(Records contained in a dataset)
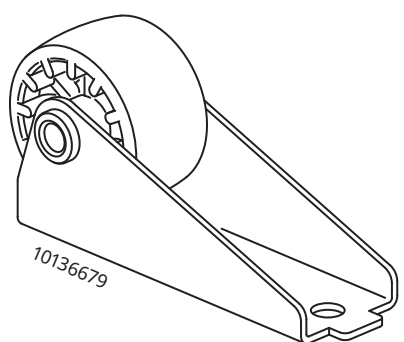

FRIIDROTT

Design and Quality
IKEA of Sweden

12x

8x

16x

20x

8x

8x

8x

16x

4x

1x

8x

1

2

3

i

Max
10 kg
(22 lb)

A diagram enclosed in a rectangular border. On the left, a black weight icon is placed on top of the three-drawer unit. The weight icon is a black cylinder with a handle and contains the text "Max 10 kg (22 lb)". On the right, a white silhouette of a person is shown standing on top of the three-drawer unit. A large black 'X' is drawn over the person, indicating that standing on the unit is prohibited.

▶ **Description of the task**: What is needed is an exact repeat of every entry above, with the pictures left out.

▶ **Your solution**:
FRIIDROTT

Design and Quality
IKEA of Sweden

12x

8x

16x

20x

8x

8x

8x

16x

4x

1x

8x

1

2

3

i

Max
10 kg
(22 lb)

A diagram enclosed in a rectangular border. On the left, a black weight icon is placed on top of the three-drawer unit. The weight icon is a black cylinder with a handle and contains the text "Max 10 kg (22 lb)". On the right, a white silhouette of a person is shown standing on top of the three-drawer unit. A large black 'X' is drawn over the person, indicating that standing on the unit is prohibited.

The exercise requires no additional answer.